Heart health diets drown in hype—eggs evil? Butter poison? Skip the noise. Real prevention boils down to ditching factory “near foods” (NFOs) for whole, real stuff. Old USDA guidelines pushed cereal over steak; result? Fatter waists, sicker hearts. Eat what grows in dirt or eats what grows—meat, eggs, veggies. Simple.
Ditch the Hype Merchants
Chiseled influencers hawk powders promising abs. Truth: Their look took years; supplements don’t build health. Physique lies—”fit” pros downed 12k daily junk calories (pasta, energy drinks) to fuel feats and to build mass. Looking ripped ≠ heart-strong.
Fix: Set heart goals. Ignore triathletes; follow metabolic doctors and lifestyle coaches.
Kill Processed Traps
Fast Food aka SAD (Standard American Diet) hides sugar/seed oils everywhere—even “healthy” cereal, granola.

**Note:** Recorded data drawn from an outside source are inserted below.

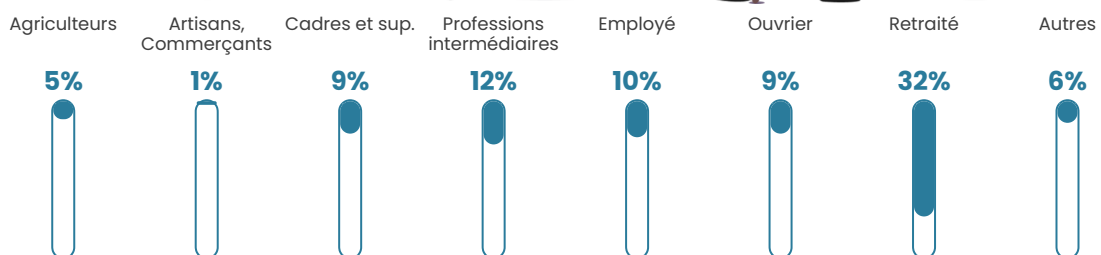

407

Age moyen

44 ans

Pop active

44.7%

Taux chômage

7.5%

Pop densité

45 h/km²

Revenu moyen

22 720 €/an

Evolution du nombre d'habitants

Sources : Institut national de la statistique et des études économiques (insee) selon Les dernières parutions officielles de 2024 portant sur les années 2020, 2021 et 2022.

Tranche d'âge

Activité professionnelle

Niveau de diplôme

Composition des ménages

Profils électoraux

Premier tour

| | | |
|---|-----------------------|---------|
|  | Marine LE PEN | 31.18 % |
|  | Emmanuel MACRON | 23.30 % |
|  | Jean-Luc MÉLENCHON | 16.85 % |
|  | Jean LASSALLE | 6.81 % |
|  | Éric ZEMMOUR | 6.09 % |
|  | Nicolas DUPONT-AIGNAN | 3.94 % |
|  | Valérie PÉCRESSE | 3.23 % |
|  | Fabien ROUSSEL | 2.15 % |
|  | Anne HIDALGO | 2.15 % |
|  | Yannick JADOT | 2.15 % |
|  | Philippe POUTOU | 1.43 % |
|  | Nathalie ARTHAUD | 0.72 % |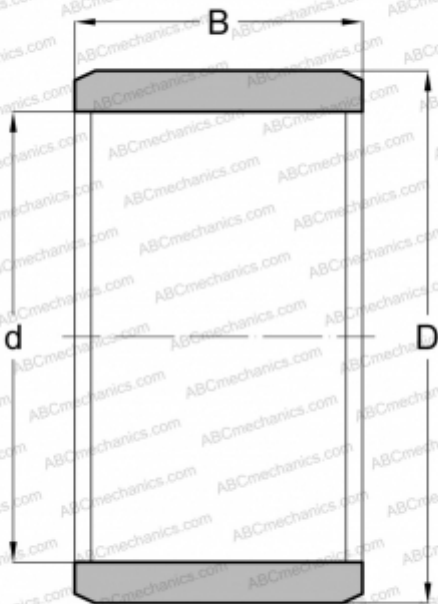

JR100X110X30 TORRINGTON

Внутренние кольца

ТИП: Детали подшипников качения и принадлежности, Внутренние кольца, С тонкой обработкой

Технические характеристики

РАЗМЕРЫ, ММ

d	100,000
D	110,000
B	30,000

ПРОИЗВОДИТЕЛЬ

[TORRINGTON](#)

АНАЛОГИ

ABC	IR 100x110x30
IKO	LRT 10011030
INA	IR100X110X30
SKF	IR 100x110x30
FAG	JR 100x110x30
KOYO	JR100X110X30
JNS	IR10011030
NTN	IR100X110X30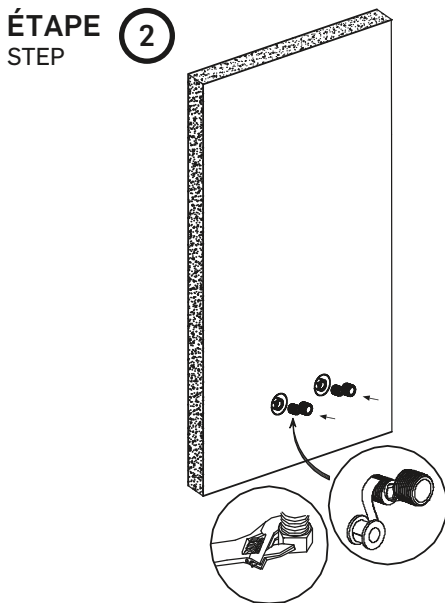

ROBINET DE DOUCHE THERMOSTATIQUE AVEC POMME PLUIE ET DOUCHETTE À MAIN THERMOSTATIC FAUCET WITH RAIN SHOWER AND HAND SHOWER

GUIDE D'INSTALLATION INSTALLATION GUIDE

OUTILS NÉCESSAIRES TOOLS REQUIRED

ÉTAPE 1 **1** **Coupez l'alimentation d'eau avant de commencer l'installation.**
STEP Shut off the main water supply before starting the installation.

CARLA
3050041

TASSILI SUPRA

ROBINET DE DOUCHE THERMOSTATIQUE AVEC POMME PLUIE ET DOUCHETTE À MAIN

THERMOSTATIC FAUCET WITH RAIN SHOWER AND HAND SHOWER

GUIDE D'INSTALLATION

INSTALLATION GUIDE

ÉTAPE 7
STEP

ÉTAPE 8
STEP

ÉTAPE 9
STEP

ÉTAPE 10
STEP

Fabriqué et emballé en Chine / Made and packaged in China
Importé par / Imported by NOVELCA, Québec, Canada G2E 5W2

* IMPORTANT : Aucune construction ne devrait être effectuée par l'installateur sans avoir le produit en main. Les mesures pourraient varier en raison de perfectionnements apportés au produit au fil du temps. Ni le fabricant, ni le distributeur ne pourront être tenus responsables d'un écart entre les mesures présentées ici et les mesures réelles du produit. Ce produit devrait être installé par un professionnel certifié, conformément à la réglementation en vigueur.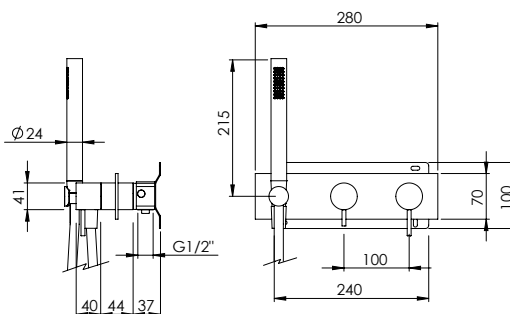

HORIZONTAL CONCEALED SINGLE LEVER SHOWER 3 OUTLETS W/ HAND SHOWER EUR

Monocomando Duche Encastrar Horizontal 3 Saídas C/ Chuveiro de Mão EUR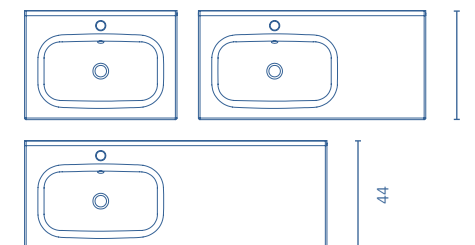

HELIOS Fondo 44			REF.	€
60			120591	121
90			120592	152
120			120593	264

Profundidad de seno: 13cm.
Espesor del lavabo 1,7cm.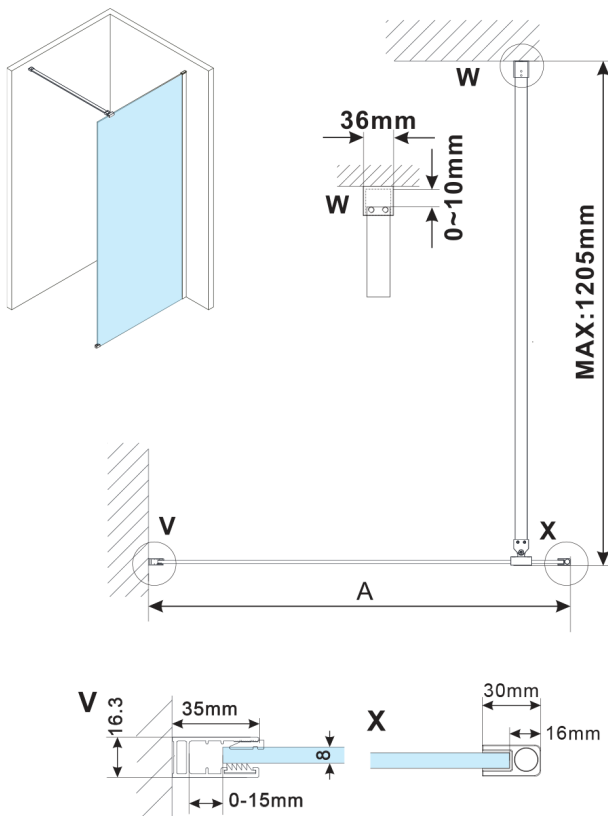

## ESCA WHITE MATT jednodílná sprchová zástěna k instalaci ke stěně, sklo čiré, 800 mm

Objednací kód: ES1080-03

### Rozměry

Výška: 2100 mm  
Hloubka: 800 mm

## Technický list

MODEL	A,mm
ES1070,ES1170,ES1270,ES1370,ES1570	690~705
ES1080,ES1180,ES1280,ES1380,ES1580	790~805
ES1090,ES1190,ES1290,ES1390,ES1590	890~905
ES1010,ES1110,ES1210,ES1310,ES1510	990~1005
ES1011,ES1111,ES1211,ES1311,ES1511	1090~1105
ES1012,ES1112,ES1212,ES1312,ES1512	1190~1205
ES1013,ES1113,ES1213,ES1313,ES1513	1290~1305
ES1014,ES1114,ES1214,ES1314,ES1514	1390~1405
ES1015,ES1115,ES1215,ES1315,ES1515	1490~1505

MODEL	A,mm
ES1070, ES1170, ES1270, ES1370, ES1570	690-705
ES1080, ES1180, ES1280, ES1380, ES1580	790-805
ES1090, ES1190, ES1290, ES1390, ES1590	890-905
ES1010, ES1110, ES1210, ES1310, ES1510	990-1005
ES1011, ES1111, ES1211, ES1311, ES1511	1090-1105
ES1012, ES1112, ES1212, ES1312, ES1512	1190-1205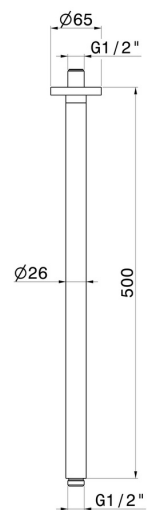

## 27697.47.083

Runder deckenmontierter Duschkopfarm aus Messing.  
L=500mm - oberfläche Groove Bronze

Groove Bronze

### EIGENSCHAFTEN

---

Material

**Messing**

Installation

**deckenmontierter**

### TECHNISCHE ZEICHNUNG

---

**27697.47.083**

Runder deckenmontierter Duschkopfarm aus Messing. L=500mm - oberfläche Groove Bronze

**21.018**

oberfläche Chrom

**50.050**

oberfläche Edelstahl gebürstet

**58.061**

oberfläche PVD Copper Bronze

**58.063**

oberfläche PVD Gun Metal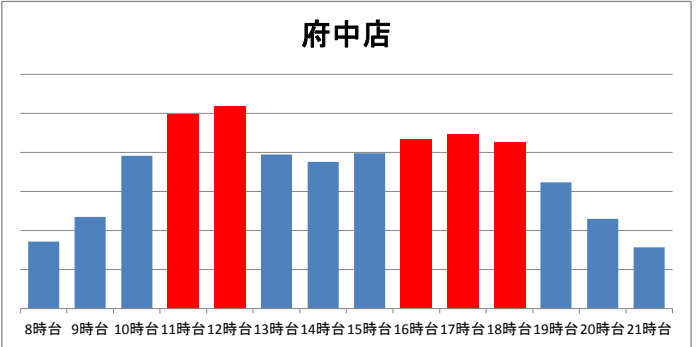

スーパーヤマザキ店舗別混雑状況

※各店舗の混雑状況を表しており、赤枠が混雑している目安となります。実際の混雑状況とは異なる場合がございますのでご了承ください。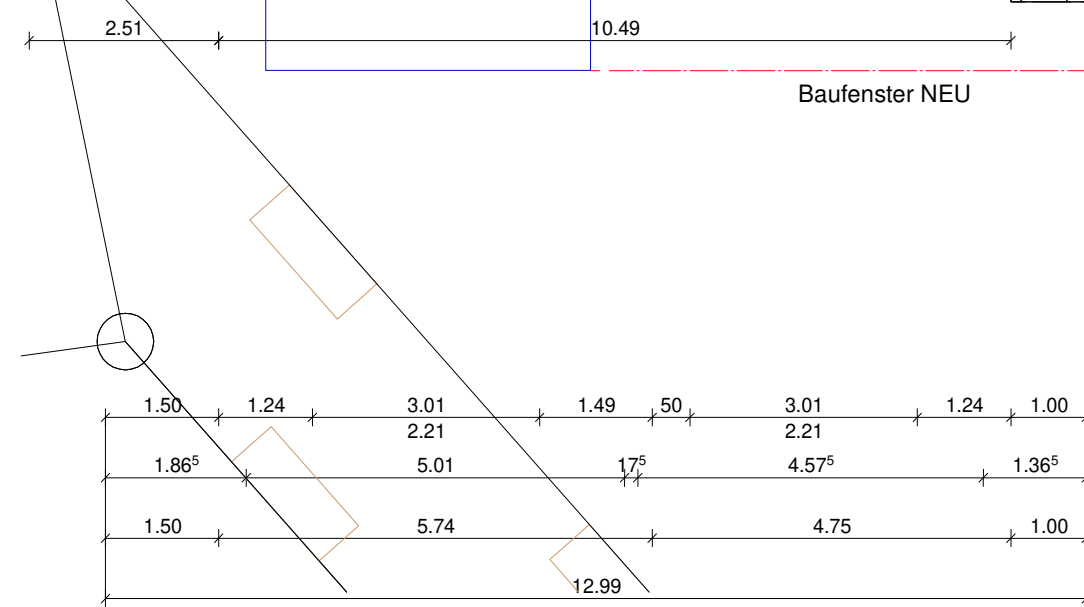

**Anlage der Begründung**

<b>BAUGESUCH</b>	
<b>Bauvorhaben</b>	Neubau Einfamilienhaus
<b>Bauort</b>	Panoramastraße 19 74246 Eberstadt
<b>Bauherr</b>	Morena Krieger Felix Krieger  Roßäckerstr. 49 74189 Weinsberg
<b>Kellergeschoss 1 : 100</b>	
<b>Planverfasser</b>	gefertigt Obersulm, den .....
	Martina Egenter, Dipl.Ing. (FH) Freie Architektin Badweg 9, 74182 Obersulm
	anerkannt Obersulm, den .....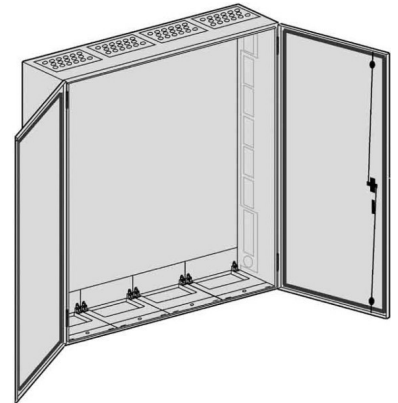

Unequipped meter cabinet Surface mounting Steel plate SP 48

Allgemeine Informationen

Products_Model	ET0618242
EAN	4015153020207
Producer	ABN Braun
Producer-Model	SP48
Producer-Typ	SP 48
min. Order	
Class	Zähler-Leergehäuse

Technische Informationen

Montageart	
Werkstoff	
Schutzart (IP)	
Höhe	1250mm
Breite	1050mm
Tiefe	225mm

[Unequipped meter cabinet Surface mounting Steel plate SP 48 online kaufen](#)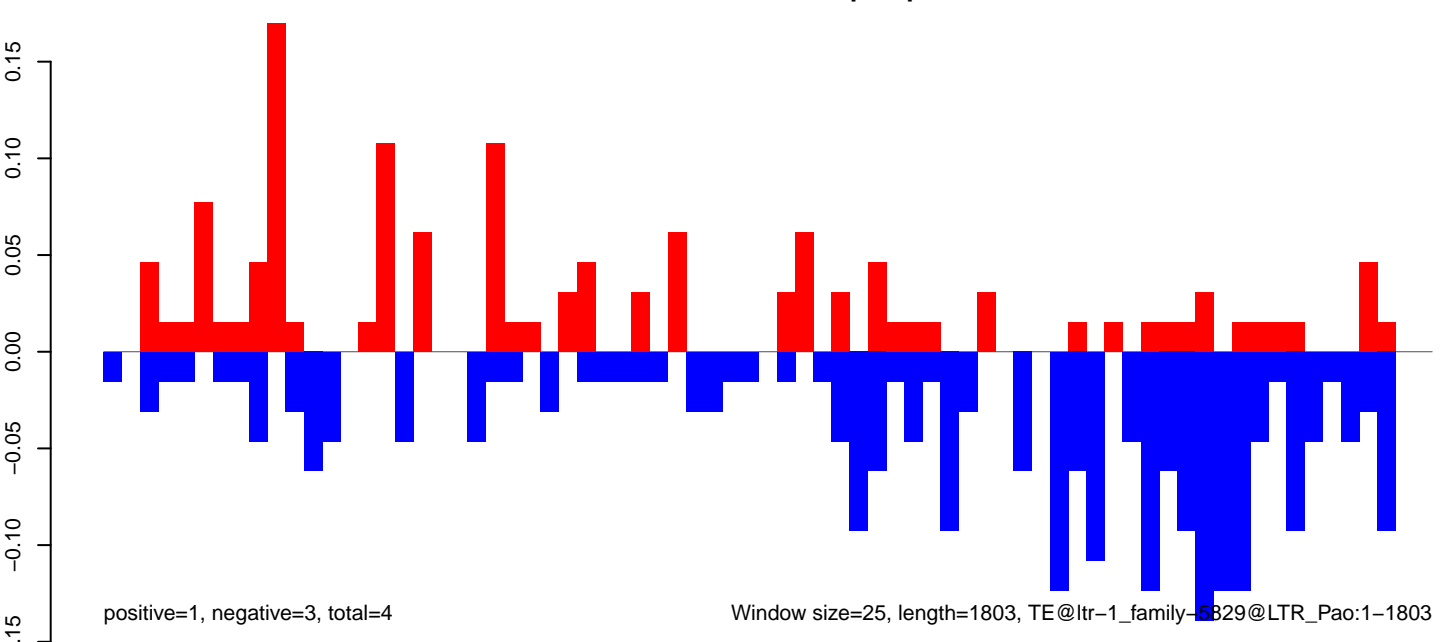

AeAlbo\_CHIKV\_9dpi.18\_23.rep

AeAlbo\_CHIKV\_9dpi.24\_35.rep

AeAlbo\_CHIKV\_9dpi.rep

AeAlbo\_CHIKV\_9dpi.18\_23.rep

AeAlbo\_CHIKV\_9dpi.24\_35.rep

AeAlbo\_CHIKV\_9dpi.rep

Window size=25, length=1803, TE@ltr-1\_family-5829@LTR\_Pao:1-1803

Check labels: canola/sunflower wreck hormones, spike inflammation.
Avoid:
Added sugars
Boxed/bagged junk
Seed oils (canola, veg, soy)
Cereals
Embrace:
Animal bases: Meat, organs, eggs, butter
Nature’s carbs: Sweet potatoes (not ice cream)
Carnivore? Plant-heavy? Fine—keep it unprocessed.
Cook at Home
Restaurants fry “healthy” plates in cheap oils. Control inputs: Buy whole, prep simple. No mystery ingredients sabotaging metabolic health.
| Trap | Swap For |
|---|---|
| Cereal/Granola | Eggs + veggies |
| Seed oil dressings | Olive oil/butter |
| Takeout | Home steak + greens |
Bottom Line
Heart eating = whole foods, home-cooked. No restrictions, no fads—just ditch NFOs. Pants fit looser, labs improve fast. Start tonight: Real plate, no boxes.